··· Records shown ···
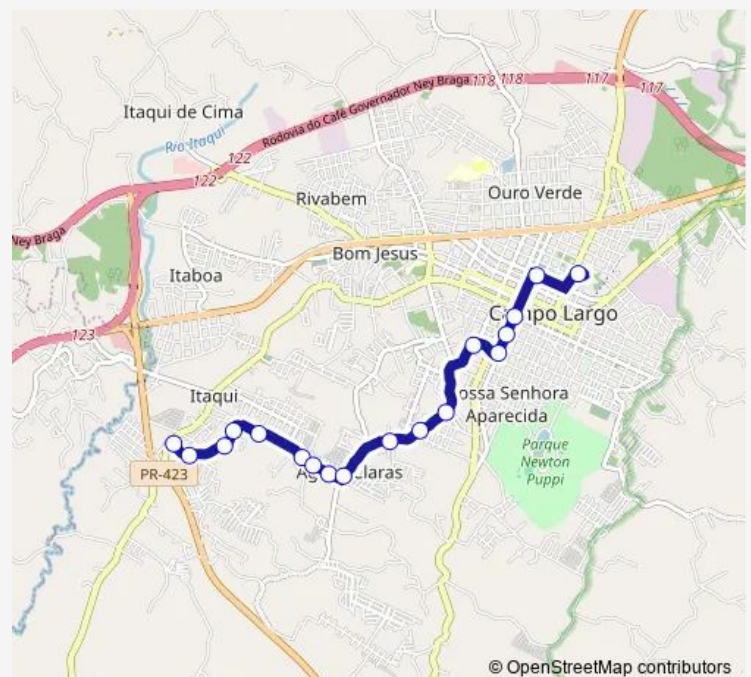

Thursday —

Friday —

Saturday —

Sunday 08:30-22:00

Route info

Direction: Terminal - 100

Stops: 25

Trip Duration: 0 hour 30 min

135 — Interbairros V

R. dos Imigrantes 570

R. dos Imigrantes 772

R. Comendador A. Cunha

Campina

Direction

undefined — undefined

0 stops

Trip Duration: — min

Direction

Terminal - 100 — Rodeio Sto Antônio

25 stops

[Open route schedule](#)

Terminal - 100

Rodoviaria

Havan - Rua Domingos Cordeiro 936
···
Exercise directions: Wherever the string "Duration" occurs in a line of the listing above, count that line, and report only the total.

Response: 2